Not a lot of them, apparently; just a few. The pest control guy I called in yesterday assured me of that. But in my brief experience, bed bugs are like garlic cloves in a wedding cake: one is all it takes to ruin everything.
It’s only been five nightmarish nights since the little clusters of insanely-itchy bite marks started appearing on my ankles, knees, and hips. Only five nights of waking up at one a.m. on the dot, scratching myself awake and realizing with horror: ‘that one feels new’. Only a couple of evenings where things got bad enough for me to take a bath, change clothes, move to the couch to finish the night.
But there’s something about this experience that haunts your waking hours. The concept of bed bugs, let’s face it, is enter site creepy. It’s unsettling.
This is a foe that you can’t see. It literally hides out near your place of sleep, waits for you to get into really deep REM, and searches you out by tracking the CO2 you emit when you breathe. Then it finds you, numbs you, and takes some of your blood, and makes off with it before you know anything has happened.
My husband and I couldn’t figure out why I was the only one getting bitten—he’s been waking up completely untouched. We even briefly got online and did searches for pregnancy related rashes (that was a mistake; don’t Google that). But the rash theory just didn’t add up; it seemed so clear that I was getting just a few extra bites per night, and that all the hallmarks said ‘bedbug’.
The pest control guy finally cleared this up, in the creepiest way possible.
“They usually stay about 20 feet from their host,” he said, in the middle of explaining the procedure for killing them. “They like to be close to the feeding site.”
“Their host?” I said. My husband coughed and looked at me sympathetically.
“What’s the host?” I asked again.
“That’s you,” said the pest guy. “You’re the host. Bed bugs have a preferred person to feed on, and they’ll leave other people alone until there’s enough of them that they get hungry.”
WHAAAAAT? This whole situation has officially graduated to horror movie status.
There are unseen predators. You know they’re there. You know they know where you are (because they know your pheromones!?!), and furthermore, you know that click they have marked you out specifically because your blood is the only thing that will satisfy them. Nope, not your husband’s blood… your blood.
You cannot escape—waking or sleeping—no matter where you go—they could be waiting.
It’s making me edgy, anxious. I wake up relieved that the night is over, tiptoeing around my house like Naomi Watts in The Ring. What was that? Did you feel that? Is that a piece of lint on the pillow, or is it THE THING THAT’S HUNTING ME?
Before he left last night, though, the kindly pest control guy did say a few comforting things.
“Honestly, I’d love to get your business,” he said. “But you really don’t have a bad problem here. There are some things you could do yourselves that would probably take care of them.” He hadn’t been able to get a visual on even one bug, and although he identified the bite marks and the other signs as positively indicating a bed bug presence, was sure there couldn’t be many.
“You probably just brought or two in yourselves,” he said. “Take any trips lately?” We’d just come back from a weekend trip to Louisville.
The rest of the evening found Justin and I making homemade CO2 traps (Justin was a good sport and tireless worker, considering the fact that he wasn’t the one with the targeted blood).
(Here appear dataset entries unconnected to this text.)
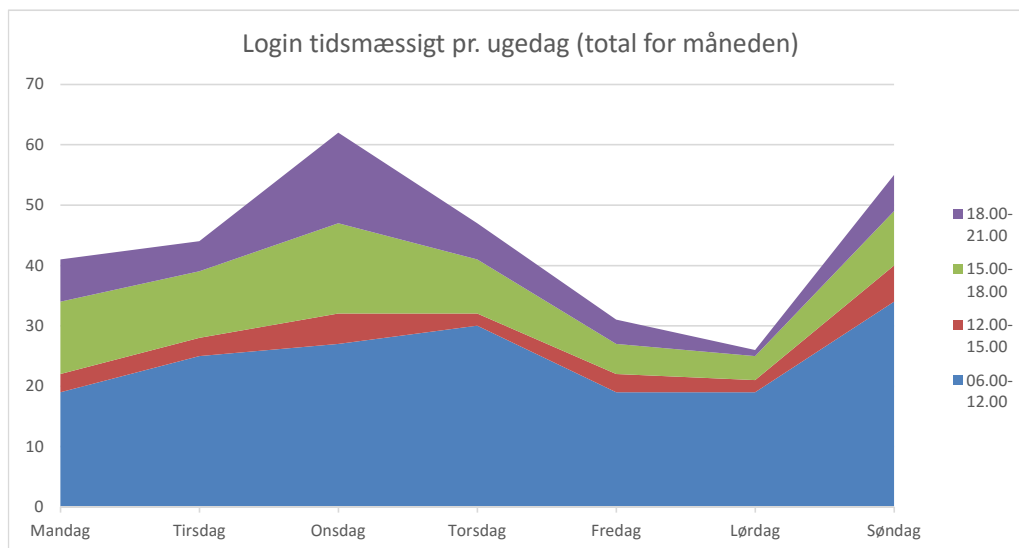

Statistik for brugerlogin Kulturbåden Juni 2016

Tidsrum uanset type besøgende

Dato	Ugedag	Antal login	06.00-12.00	12.00-15.00	15.00-18.00	18.00-21.00	Total tidsrum
	Mandag	0	0	0	0	0	0
	Tirsdag	0	0	0	0	0	0
01-06-2016	Onsdag	35	11	5	11	8	35
02-06-2016	Torsdag	21	18	0	2	1	21
03-06-2016	Fredag	31	19	3	5	4	31
04-06-2016	Lørdag	26	19	2	4	1	26
05-06-2016	Søndag	27	19	1	6	1	27
06-06-2016	Mandag	23	12	1	7	3	23
07-06-2016	Tirsdag	8	8	0	0	0	8
08-06-2016	Onsdag	0	0	0	0	0	0
09-06-2016	Torsdag	0	0	0	0	0	0
10-06-2016	Fredag	0	0	0	0	0	0
11-06-2016	Lørdag	0	0	0	0	0	0
12-06-2016	Søndag	0	0	0	0	0	0
13-06-2016	Mandag	0	0	0	0	0	0
14-06-2016	Tirsdag	0	0	0	0	0	0
15-06-2016	Onsdag	0	0	0	0	0	0
16-06-2016	Torsdag	0	0	0	0	0	0
17-06-2016	Fredag	0	0	0	0	0	0
18-06-2016	Lørdag	0	0	0	0	0	0
19-06-2016	Søndag	0	0	0	0	0	0
20-06-2016	Mandag	0	0	0	0	0	0
21-06-2016	Tirsdag	0	0	0	0	0	0
22-06-2016	Onsdag	0	0	0	0	0	0
23-06-2016	Torsdag	0	0	0	0	0	0
24-06-2016	Fredag	0	0	0	0	0	0
25-06-2016	Lørdag	0	0	0	0	0	0
26-06-2016	Søndag	28	15	5	3	5	28
27-06-2016	Mandag	18	7	2	5	4	18
28-06-2016	Tirsdag	36	17	3	11	5	36
29-06-2016	Onsdag	27	16	0	4	7	27
30-06-2016	Torsdag	26	12	2	7	5	26
	Fredag	0	0	0	0	0	0
	Lørdag	0	0	0	0	0	0
	Søndag	0	0	0	0	0	0
	Mandag	0	0	0	0	0	0
	Tirsdag	0	0	0	0	0	0

Hele måneden	Antal Total	06.00-12.00	12.00-15.00	15.00-18.00	18.00-21.00
Mandag	41	19	3	12	7
Tirsdag	44	25	3	11	5
Onsdag	62	27	5	15	15
Torsdag	47	30	2	9	6
Fredag	31	19	3	5	4
Lørdag	26	19	2	4	1
Søndag	55	34	6	9	6
Total	306	173	24	65	44

kont | 306

Statistik for brugerlogin Kulturbåden Juni 2016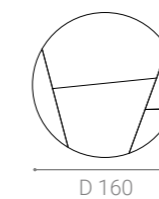

MEZZALUNA base

I tavoli da pranzo sono composti da una base selezionata e un piano del tavolo selezionato.
Design by Bernhardt & Vella

Materiali

MEZZALUNA base

Struttura metallica a taglio laser, finitura laccata o metallica.
Disponibile per top Ovale o Rotondo.

Vedi scheda materiali per verificare le opzioni disponibili.

Dimensioni

MEZZALUNA base for round top

Top suitable for round base

DOMINO top for round table

MIKADO top for round table

ORIGAMI top for round table

SEGMENTI top for round table

MEZZALUNA base for oval top

Top suitable for oval base

DOMINO top for oval table

MIKADO top for oval table

ORIGAMI top for oval table

SEGMENTI top for oval table

I was in the kitchen, activating yeast and arranging these contraptions out of water bottles and straws and kitchen glasses (it felt a little like cooking meth). Justin was in the bedroom, making this kind of plastic sheet bedbug guard. The plastic, over your mattresses, cut to within two inches of the floor, traps them in, and they can’t climb up the slick surface to get to you. The bed has to be pulled away from the walls because they’ll climb them if they have to. During these other projects, we were also putting all our bedding and a good bit of clothing through the dryer, per the bug man’s instructions (heat above 140 degrees kills them).
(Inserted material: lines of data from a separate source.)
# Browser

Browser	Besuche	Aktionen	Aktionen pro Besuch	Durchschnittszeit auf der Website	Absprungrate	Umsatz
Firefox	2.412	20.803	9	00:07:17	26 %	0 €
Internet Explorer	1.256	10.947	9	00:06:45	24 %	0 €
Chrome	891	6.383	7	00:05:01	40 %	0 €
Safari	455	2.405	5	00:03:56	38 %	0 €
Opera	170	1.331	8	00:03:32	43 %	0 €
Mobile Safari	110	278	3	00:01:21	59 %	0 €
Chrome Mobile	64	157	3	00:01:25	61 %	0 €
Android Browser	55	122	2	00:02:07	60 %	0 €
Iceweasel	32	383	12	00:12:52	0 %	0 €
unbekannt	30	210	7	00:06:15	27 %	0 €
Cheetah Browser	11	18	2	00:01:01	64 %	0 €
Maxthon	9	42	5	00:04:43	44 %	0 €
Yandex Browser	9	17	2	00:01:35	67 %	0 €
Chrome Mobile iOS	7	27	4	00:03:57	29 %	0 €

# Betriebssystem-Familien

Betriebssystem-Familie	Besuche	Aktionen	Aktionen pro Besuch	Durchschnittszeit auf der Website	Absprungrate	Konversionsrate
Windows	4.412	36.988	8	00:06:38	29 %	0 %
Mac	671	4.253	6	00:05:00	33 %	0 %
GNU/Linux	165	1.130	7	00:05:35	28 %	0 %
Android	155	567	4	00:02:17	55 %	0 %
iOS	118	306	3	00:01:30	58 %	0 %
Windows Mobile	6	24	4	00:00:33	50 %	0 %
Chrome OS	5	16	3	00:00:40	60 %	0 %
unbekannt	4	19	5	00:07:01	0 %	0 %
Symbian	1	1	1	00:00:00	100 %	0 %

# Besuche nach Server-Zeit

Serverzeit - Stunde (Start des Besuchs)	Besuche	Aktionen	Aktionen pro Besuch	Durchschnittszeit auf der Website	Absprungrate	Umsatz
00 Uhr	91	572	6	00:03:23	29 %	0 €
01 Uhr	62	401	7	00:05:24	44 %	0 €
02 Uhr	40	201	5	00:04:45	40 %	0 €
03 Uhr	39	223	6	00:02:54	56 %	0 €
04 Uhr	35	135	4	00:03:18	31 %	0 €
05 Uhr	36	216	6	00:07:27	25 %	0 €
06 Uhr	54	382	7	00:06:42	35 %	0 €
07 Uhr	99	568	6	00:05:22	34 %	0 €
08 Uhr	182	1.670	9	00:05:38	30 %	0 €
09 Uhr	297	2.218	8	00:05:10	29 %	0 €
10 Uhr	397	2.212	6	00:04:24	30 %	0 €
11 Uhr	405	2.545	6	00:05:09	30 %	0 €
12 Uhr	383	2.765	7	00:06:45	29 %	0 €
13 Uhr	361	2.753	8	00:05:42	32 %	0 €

We came out feeling really proactive, almost like warriors. We were victors over the invisible world of the bedbug, navigators of the unnavigable. Last night, I didn’t wake up with new bites. I slept through and woke in my own bed, feeling safe again. I like to imagine the bugs like the ones in those pest commercials, thwarted and fuming (and eventually dead, if the CO2 traps work). source Where is she? We HAD her. We were getting regular meals again! Now what? She’s got some kind of force-field up there!
Now we just need to address the mole problem in the back yard.